A second issue is calibration under evidential insufficiency. VeriFact finds that the distinction between Not Supported and Not Addressed is harder for both clinicians and the system, and that binarization improves agreement by 10–15% compared to the three-label task (Chung et al., 28 Jan 2025). CER’s error analysis similarly emphasizes retrieval misses, nuanced negation, broad under-specified claims, and overgeneralization even under grounding (Barone et al., 17 Sep 2025).
A third unresolved problem is evidence quality. Standard RAG retrieves semantically relevant sources but cannot assess whether those sources are rigorous, powered, free of reporting bias, or even retracted. VERIRAG treats this as methodological blindness and introduces the Veritable checklist, HV Score, and Dynamic Acceptance Threshold to make source quality part of the verification procedure (Mohole et al., 23 Jul 2025). A plausible implication is that retrieval relevance alone is insufficient for high-stakes biomedical verification.

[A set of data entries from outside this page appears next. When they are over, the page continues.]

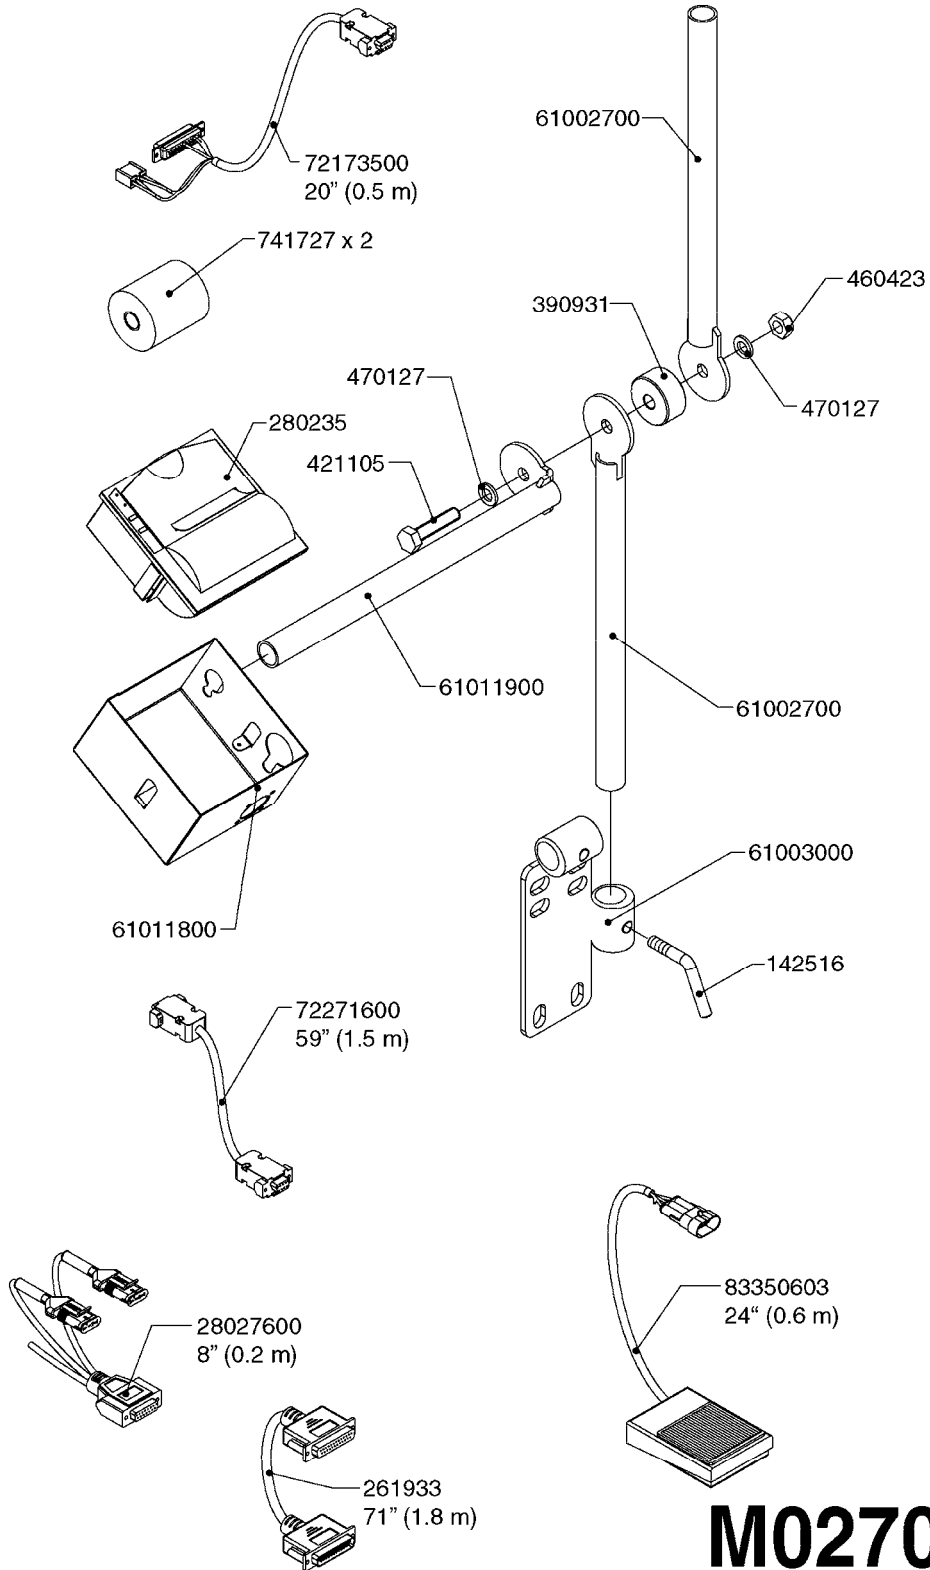

HC 5500 ACCESSORIES
M0270-HIN, 01:01:16

Page 1
Date 07.02.2020 10:11

parts-n°	order qty	description
142516	1	SCREW SET M10 BENT F. LOCKING
261933	1	CABLE W/PLUG 2X25 L=71"
280235	1	HARDI PRINTER WITH CLOCK
390931	1	PLASTIC SPACER D40XD11 L=20
421105	1	M10X45 MACHINE SCREW STAINLESS
460423	1	NUT HEX M10X1.50 LOCK DIN985A2 SS
470127	1	WASHER D15D10X2 M10 LOCK
741727	1	PAPER, THERMAL, HC5500 PRINTER
28027600	1	WIRE HC5500 AUX.
61002700	1	TUBE BRACKET F.TRACTOR MOUNT
61003000	1	BRACKET F.TRACTOR MOUNT
61011800	1	BOX FOR HARDI PRINTER
61011900	1	TUBE BRACKET F.TRACTOR MOUNT
72173500	1	WIRE F.PRINTER HC5500 L=20"
72271600	1	HC5500 COMMUNICATION CABLE
83350603	1	FOOT SWITCH HC5500 CONTROL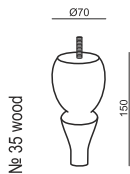

www.sits.eu
MARCH 2015

ARMCHAIR

FOOTSTOOL

2 SEATER

3 SEATER

UPHOLSTERY

FABRIC: FC - fix cover

FEET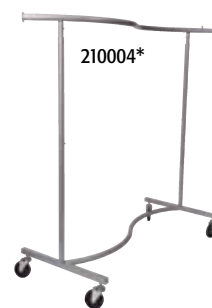

<b>price per pair:</b>			<b>1 pair</b>	<b>12 pairs</b>	<b>24 pairs</b>
188422	wire sign gripper	black	3.90	3.70	3.50

**rolling racks**

Also available for rental. Please inquire.

210070  
add-on bar

210005

210068

210069

<b>price at:</b>			<b>1</b>	<b>12</b>	<b>48</b>
210000	5' rolling rack heavy duty 1 1/4" chrome tubing; 65" high with 5' hangrail; 4 pieces; easy no bolt assembly; 4" wheels	chrome	98.90	89.90	74.90
210005	height extender, 6" high	chrome	3.50	3.00	2.80
210068	1/2 circle height extender, 6" high	chrome	29.60	26.65	24.35
210069	6 ball waterfall height extender, 6" high	chrome	9.30	8.40	7.65
210070	add-on bar for 5' rolling rack	chrome	16.90	13.35	12.35

210071  
add-on assembly

<b>price at:</b>			<b>1</b>	<b>12</b>	<b>48</b>
210002	"Z" rack, strong 1 1/4" chrome tubing; 69" high with 60" hangrail; black base; 4" wheels; nests easily side by side when not in use	chr/blk	109.90	94.00	92.25
210071	add-on assembly for "Z" rack	chrome	24.90	24.90	24.90
210004*	"Wave" Rack 1 1/4" tubing; adjustable height 52"-72" 60" hangrail	silver powder coat	109.90	94.00	90.20

Racks noted with an asterisk (\*) are designed to accept any sign holder and stem with a 3/8" fitting. See page 25 for options or ask a sales associate.

price at:		1	12	48	
210001	collapsible salesman's rack 1" round chrome tubing; 50" hangrail with two 12" pull-out rods; height is adjustable at 55", 60" & 65"; 4" wheels; includes clips for hangrail storage and protective bumpers	chrome	89.90	80.90	71.15
210003	double collapsible salesman's rack 50" hangrail with 4, 12" pull-out rods height is adjustable at 55", 60" & 65"; 4" wheels; includes clips for hangrail storage and protective bumpers	chrome	129.90	114.90	102.80
210067	display screen / shelf rack for collapsible rolling rack	chrome	39.90	35.90	32.60

Generalizability also remains unsettled. VeriFact is built on MIMIC-III, which lacks non-ICU inpatient and outpatient notes, and the paper notes information asymmetry because human authors may have access to bedside or external information not present in the chart (Chung et al., 28 Jan 2025). PROClaim’s HealthVer evaluation is explicitly described as a proof-of-concept with PubMed-based retrieval rather than a fully optimized medical pipeline (Chowdhury et al., 30 Mar 2026). HealthFC notes that verdicts reflect knowledge up to end of 2022 and may evolve as new trials and systematic reviews appear (Vladika et al., 2023).
Future directions named across the literature are convergent: better calibration for negative labels, richer claim units such as molecular facts, larger or more diverse evidence pools, fine-tuned medical-domain judges, broader full-text retrieval, stronger contradiction detection, and multi-institution or cross-domain generalization (Chung et al., 28 Jan 2025, Kumar, 11 Jun 2026). Across both literature-grounded and chart-grounded variants, the field is moving toward systems that are not only evidence-aware but also provenance-aware, temporally aware, and explicitly uncertainty-aware.